WORK INSTRUCTIONS:
Among the entries below, find the lines holding "COIL" and copy them.

[SUPPLIED DATA Boundary: Start]

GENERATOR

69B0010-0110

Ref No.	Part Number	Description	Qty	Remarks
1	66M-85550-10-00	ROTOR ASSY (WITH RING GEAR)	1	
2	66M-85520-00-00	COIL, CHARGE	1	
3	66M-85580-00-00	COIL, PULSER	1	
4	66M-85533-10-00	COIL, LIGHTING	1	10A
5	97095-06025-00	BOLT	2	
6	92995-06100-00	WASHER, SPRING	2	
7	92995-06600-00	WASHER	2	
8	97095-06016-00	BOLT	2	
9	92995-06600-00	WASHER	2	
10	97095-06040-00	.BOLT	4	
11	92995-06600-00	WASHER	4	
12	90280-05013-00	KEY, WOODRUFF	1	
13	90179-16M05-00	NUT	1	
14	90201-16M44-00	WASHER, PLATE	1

[SUPPLIED DATA Boundary: End]
[SUPPLIED DATA Boundary: Start]

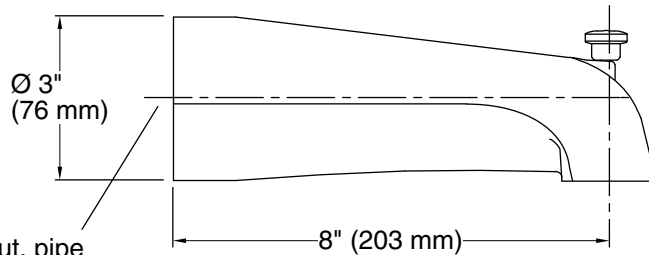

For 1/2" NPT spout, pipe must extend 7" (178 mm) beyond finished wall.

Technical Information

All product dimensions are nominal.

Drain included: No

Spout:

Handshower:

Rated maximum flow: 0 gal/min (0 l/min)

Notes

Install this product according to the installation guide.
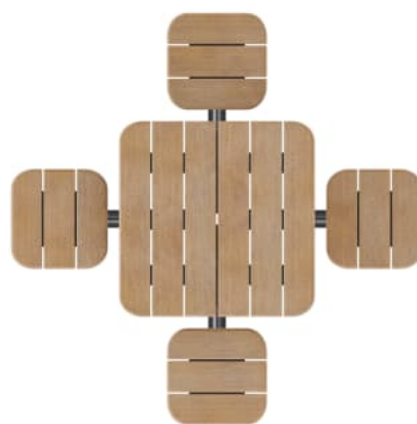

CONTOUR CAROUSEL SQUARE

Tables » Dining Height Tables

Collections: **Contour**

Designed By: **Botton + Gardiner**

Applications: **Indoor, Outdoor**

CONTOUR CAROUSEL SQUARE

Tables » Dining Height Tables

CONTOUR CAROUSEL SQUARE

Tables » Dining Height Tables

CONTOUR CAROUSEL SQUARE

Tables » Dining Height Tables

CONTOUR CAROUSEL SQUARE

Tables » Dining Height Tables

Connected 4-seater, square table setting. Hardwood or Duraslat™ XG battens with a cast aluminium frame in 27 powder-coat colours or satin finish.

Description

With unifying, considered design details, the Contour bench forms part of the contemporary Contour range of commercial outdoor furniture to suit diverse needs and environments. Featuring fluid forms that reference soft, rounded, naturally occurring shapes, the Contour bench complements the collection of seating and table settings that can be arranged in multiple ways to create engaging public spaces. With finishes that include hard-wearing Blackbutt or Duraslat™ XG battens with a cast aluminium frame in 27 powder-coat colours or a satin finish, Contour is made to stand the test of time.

[SUPPLIED DATA Boundary: End]
[SUPPLIED DATA Boundary: Start]

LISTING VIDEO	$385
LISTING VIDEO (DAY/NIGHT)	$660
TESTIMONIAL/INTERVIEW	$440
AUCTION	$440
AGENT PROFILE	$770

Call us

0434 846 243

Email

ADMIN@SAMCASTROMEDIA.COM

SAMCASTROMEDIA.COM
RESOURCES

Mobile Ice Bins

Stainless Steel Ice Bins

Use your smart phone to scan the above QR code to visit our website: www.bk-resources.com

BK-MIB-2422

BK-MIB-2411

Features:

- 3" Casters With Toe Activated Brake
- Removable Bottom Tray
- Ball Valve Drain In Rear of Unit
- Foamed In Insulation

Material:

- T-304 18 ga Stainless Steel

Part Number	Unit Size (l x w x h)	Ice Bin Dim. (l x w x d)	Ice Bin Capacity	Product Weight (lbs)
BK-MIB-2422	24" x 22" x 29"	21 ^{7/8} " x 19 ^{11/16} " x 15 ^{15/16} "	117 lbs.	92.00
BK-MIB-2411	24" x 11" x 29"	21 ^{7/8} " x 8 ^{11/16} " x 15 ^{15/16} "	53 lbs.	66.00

[SUPPLIED DATA Boundary: End]

SOLUTION:
2	66M-85520-00-00	COIL, CHARGE	1	
3	66M-85580-00-00	COIL, PULSER	1	
4	66M-85533-10-00	COIL, LIGHTING	1	10A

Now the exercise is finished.